A Pod Disruption Budget (PDB) in Kubernetes:
- It's an API object
- Sets the minimum number of pods an application needs to function smoothly during disruptions.
- Limits the number of replicated pods that are down simultaneously during voluntary disruptions (e.g., node upgrades, maintenance, draining)
- Ensures high availability by guaranteeing a minimum number or percentage of pods remain active.
Key Aspects of PDBs:
In general, disruptions can be:
- voluntary, such as maintenance operations or node scaling, or
- involuntary, such as hardware failures or system crashes
Voluntary Focus: PDBs only protect against voluntary disruptions, such as kubectl drain or node repairs, not against involuntary, unavoidable failures.
Configuration: You define a PDB using either
- either minAvailable
- minimum pods that must run
- or maxUnavailable
- maximum pods allowed to be down
- PDB configuration setting defining the maximum number of pods that can be voluntarily taken down simultaneously.
Use Case: Ideal for quorum-based applications (e.g., Elasticsearch, Zookeeper) to ensure quorum is never lost during node maintenance.

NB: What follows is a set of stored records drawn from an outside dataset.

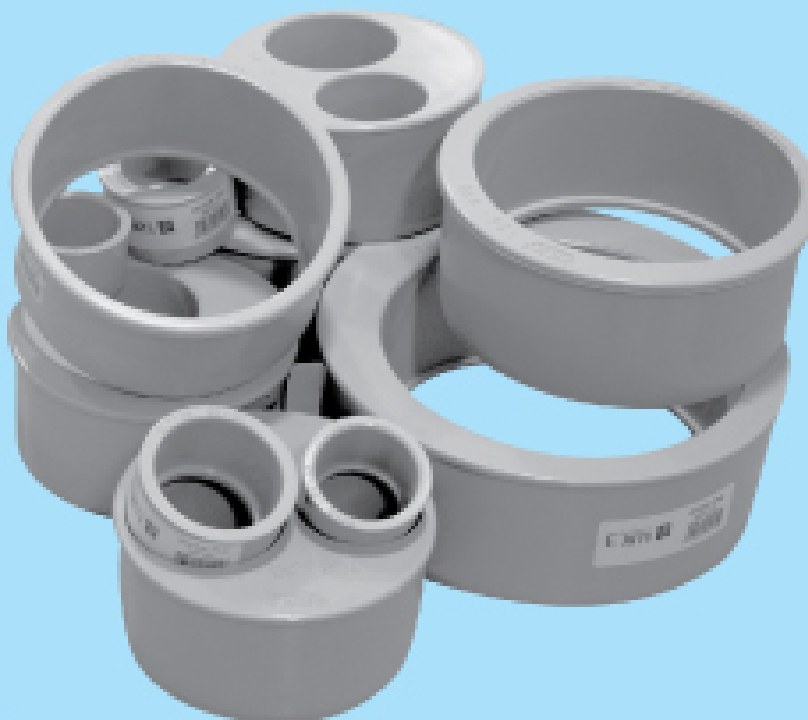

Code:
JCA4005

Code:
JCA4002

Bouchon caniveau

Code:
JCA4013

Caniveau de garage
130/500

TAMPON DE REDUCTION EN PVC

	Code:
RED200X160	JCA4067
RED200X125	JCA4068
RED200X140	JCA4069
RED160x100	JCA4071
RED160x110	JCA4072
RED160X125	JCA4073
RED160X140	JCA4074
RED140X125	JCA4070
RED125X110	JCA4075
RED125X100	JCA4076
RED125X50X50	JCA4077
RED110X63	JCA4080
RED110X100	JCA4078
RED110X50X50	JCA4079
RED100X63	JCA4082
RED100X50	JCA4083
RED100X80	JCA4081
RED100X90	JCA4085
RED100X50X40	JCA4084
RED63X50	JCA4087
RED63X40	JCA4088
RED50X40	JCA4089
RED50X32	JCA4090
RED40X32	JCA4091

Code:
JCA4098

Te tarraudé femelle
25x1/2x25

Code:
JCA4097

Te bargatterre
25x25x25

Code:
JCA4033 Manchon droit Ø25

Code:
JCA4012
Coude femelle
25x3/4

Code:
JCA4092
Raccord mâle
25x1/2

Code:
JCA4034 Manchon taraudé F.
25x3/4"
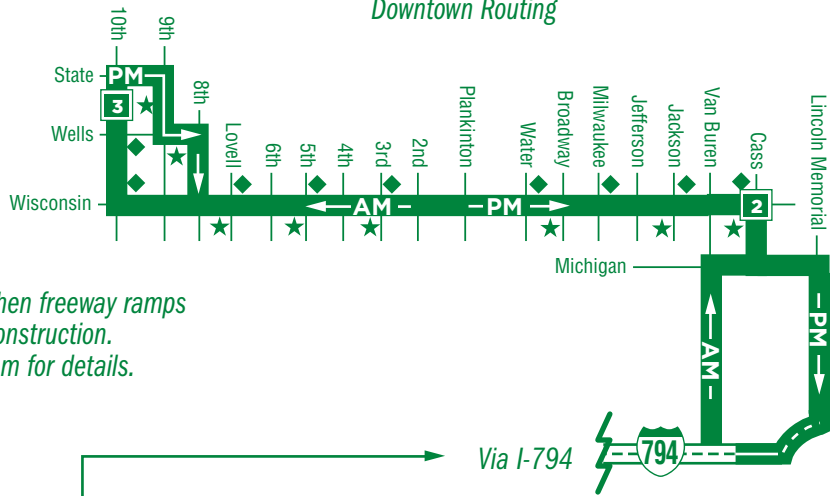

40

COLLEGE AVENUE FLYER

SERVING:

- Lake Michigan & Lakefront Area
- Downtown Milwaukee
- College Avenue Park-Ride Lot (Northeast Lot)

EFFECTIVE
August 30, 2021

SERVICE HOURS

Weekdays*

AM & PM Rush Hours Only

*This route has no bus service on the following holidays: New Year's Day, Memorial Day, Fourth of July, Labor Day, Thanksgiving and Christmas.

RideMCTS.com • 414-344-6711

Information subject to change without notice.

-  TIME POINT
-  CONNECTING ROUTE
-  PM STOP ONLY
-  AM STOP ONLY

DOWNTOWN

Downtown Routing

Buses will detour when freeway ramps are closed due to construction. Check RideMCTS.com for details.

College Avenue Park-Ride Lot

Located in the northeast quadrant of I-94/College Avenue intersection.

Via I-794
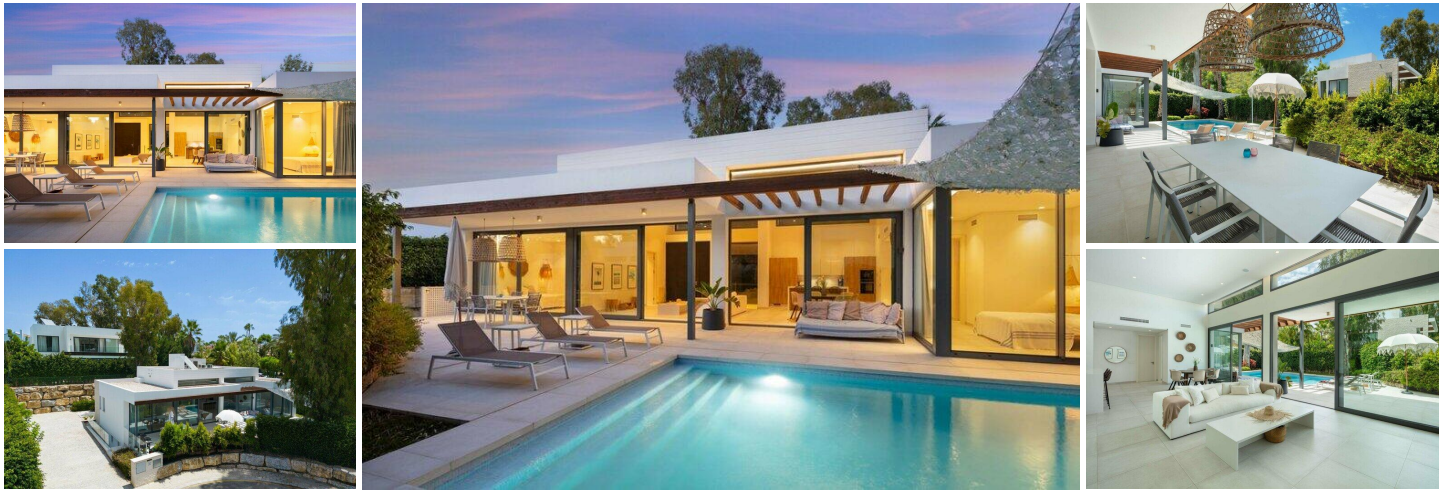

4 soverom Villa til salgs i New Golden Mile, Málaga

1.395.000€

Situated behind the private gates of well-established residential community Arboleda, this completely remodelled home lies in the heart of the New Golden Mile, between Estepona and Marbella.

Arboleda offers a convenient and secluded location, where all villas are South and West facing, with scenic views towards a lush green woodland – 50,000m² of protected nature zone. A beautiful and bright home, featuring Cortizo sliding walls of glass that open to a vast terrace ideal for entertaining, outdoor dining with barbecue, and large heated pool.

The spacious main living area has a raised ceiling height of 4.5m, providing light and elegance throughout the property, open dining room with a gourmet kitchen with center island, all areas facing towards the lush tropical gardens that provide privacy and a cosy ambience. The villa provides 3 bedrooms distributed over 3 levels, a storage, laundry and machine room. The area is secure and very well connected, a short drive brings you to Atalaya Golf and Country Club and top rated International schools.

Within a short walk you have local supermarkets and a variety of shops, bars and restaurants, hairdressers, pharmacies, vets and local amenities.

- | | | |
|---|---|--|
|  4 soverom |  4 bad |  272m ² Bygg størrelse |
|  625m ² Tomtestørrelse | <input checked="" type="checkbox"/> Svømmebasseng | <input checked="" type="checkbox"/> air conditioning |
| <input checked="" type="checkbox"/> alarm system | <input checked="" type="checkbox"/> close to park | <input checked="" type="checkbox"/> close to schools |
| <input checked="" type="checkbox"/> heated swimming pool | <input checked="" type="checkbox"/> modern style | <input checked="" type="checkbox"/> newly built |
| <input checked="" type="checkbox"/> pool views | <input checked="" type="checkbox"/> private garden | <input checked="" type="checkbox"/> walking distance to amenities |

Mechanism: When a cluster administrator drains a node, the system checks the PDB. If removing a pod violates the budget, the action is delayed until enough replicas are available elsewhere.

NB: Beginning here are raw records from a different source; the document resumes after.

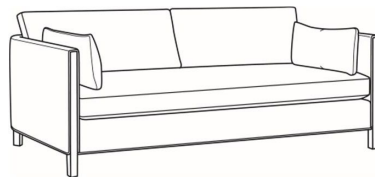

CR LAINE®

STYLE • COMFORT • COLOR

Nelson / 3500-22B

DESCRIPTION:	Apt Sofa (77W)
OUTSIDE:	77"W x 38"D x 33"H
INSIDE:	70.5"W x 24"D
SEAT:	19"H
ARM:	27"H
BACK RAIL:	27"H
THROW PILLOWS:	2 - Arm Bolsters
COM:	Plain: 15.00 yds Repeat of 2-14": 18.75 yds Repeat of 15-27": 20.25 yds
WEIGHT:	150 lbs

L = available in leather

Standard Features:

Box Border Back

Weltless

Oak wood legs. Wood grain pattern is a natural characteristic of oak

May be shown with optional features

NELSON

Standard Seat Cushion: Hallmark Seat
Standard Back Pillow: Fiber Back

Also available:

Nelson / 3500-05
Chair (31W)
Outside: 31W x 36D x 33H
Inside: 24.5W x 22D

Nelson / 3500-20B
Sofa (87W)
Outside: 87W x 38D x 33H
Inside: 80.5W x 24D

Nelson / L3500-05
Leather Chair (31W)
Outside: 31W x 36D x 33H
Inside: 24.5W x 22D

Nelson / L3500-20B
Leather Sofa (87W)
Outside: 87W x 38D x 33H
Inside: 80.5W x 24D

Nelson / L3500-22B
Leather Apt Sofa (77W)
Outside: 77W x 38D x 33H
Inside: 70.5W x 24D

Example PDB Configuration:
apiVersion: policy/v1
kind: PodDisruptionBudget
metadata:
name: web-pdb
spec:
minAvailable: 2 # At least 2 pods must remain running
selector:
matchLabels:
app: web-app
Best Practice:
Use PDBs in conjunction with pod anti-affinity rules to ensure pods are spread across nodes.
How to check PDB in cluster?
Example:
% kubectl get pdb -A
NAMESPACE NAME MIN AVAILABLE MAX UNAVAILABLE ALLOWED DISRUPTIONS AGE
clickhouse chi-clickhouse-ch N/A 1 1 132d
kube-system ws-cluster-autoscaler N/A 1 1 133d
kube-system coredns N/A 1 1 140d
kube-system ebs-csi-controller N/A 1 1 140d
kube-system karpenter N/A 1 1 139d
ALLOWED DISRUPTIONS:
- the real-time status indicator
- showing how many pods can currently be evicted without violating the set maxUnavailable or minAvailable constraints
- The non-zero value means that the disruption controller has seen the pods, counted the matching pods, and updated the status of the PDB
To see the number of current and desired healthy pods (and how ALLOWED DISRUPTIONS is actually calculated):
% kubectl get poddisruptionbudgets karpenter -n kube-system -o yaml
apiVersion: policy/v1
kind: PodDisruptionBudget
metadata:
annotations:
meta.helm.sh/release-name: karpenter
meta.helm.sh/release-namespace: kube-system
creationTimestamp: "2025-10-21T14:05:33Z"
generation: 1
labels:
app.kubernetes.io/instance: karpenter
app.kubernetes.io/managed-by: Helm
app.kubernetes.io/name: karpenter
app.kubernetes.io/version: 1.3.2
helm.sh/chart: karpenter-1.3.2
name: karpenter
namespace: kube-system
resourceVersion: "2664456"
uid: 2b58340a-fd07-4567-95a9-2a43b5dd4bca
spec:
maxUnavailable: 1
selector:
matchLabels:
app.kubernetes.io/instance: karpenter
app.kubernetes.io/name: karpenter
status:
conditions:
- lastTransitionTime: "2025-10-27T10:52:01Z"
message: ""
observedGeneration: 1
reason: SufficientPods
status: "True"
type: DisruptionAllowed
currentHealthy: 2
desiredHealthy: 1
disruptionsAllowed: 1
expectedPods: 2
observedGeneration: 1
PDB and Rolling Update of Node Group
ALLOWED DISRUPTIONS = 1 is generally the safest and most standard setting for a rolling node group update, especially for high-availability workloads.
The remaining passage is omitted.